(Records from a dataset)
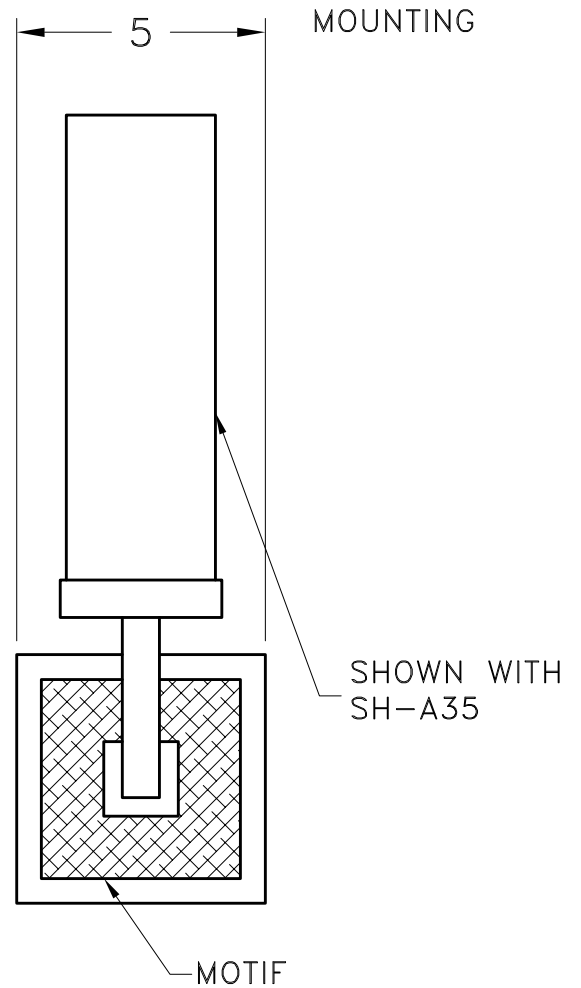

Location:

Product #: ID2158-L

Visit hammerton.com for product options and specifications.

Mounting Style: D	Electrical Type: INCANDESCENT
Approximate lbs.: 8	Bulb Qty: 1 Wattage: SEE SHADE
Finish: SEE WEB SITE FOR OPTIONS	Voltage: 120
Top Diffuser: N/A	Socket Type: CANDELABRA
Bottom Diffuser: N/A	UL Location: DRY

Mounting Detail

CAUTION
HARDWARE PACKET "D"
MOUNTS DIRECTLY TO
J-BOX.

All fixtures created by Hammerton are handcrafted by artisans. Dimensions may vary up to 7/8".

©Copyright 2013. All rights in design, detail or invention of this drawing are reserved as the property of Hammerton. Any imitation or adaptation without written consent is strictly prohibited.

» Task directions
Write every line of the data out again exactly, leaving out all images.

» Solution for this task
Location:

Product #: ID2158-L

Visit hammerton.com for product options and specifications.

Mounting Style: D	Electrical Type: INCANDESCENT
Approximate lbs.: 8	Bulb Qty: 1 Wattage: SEE SHADE
Finish: SEE WEB SITE FOR OPTIONS	Voltage: 120
Top Diffuser: N/A	Socket Type: CANDELABRA
Bottom Diffuser: N/A	UL Location: DRY

Mounting Detail

CAUTION
HARDWARE PACKET "D"
MOUNTS DIRECTLY TO
J-BOX.

All fixtures created by Hammerton are handcrafted by artisans. Dimensions may vary up to 7/8".

©Copyright 2013. All rights in design, detail or invention of this drawing are reserved as the property of Hammerton. Any imitation or adaptation without written consent is strictly prohibited.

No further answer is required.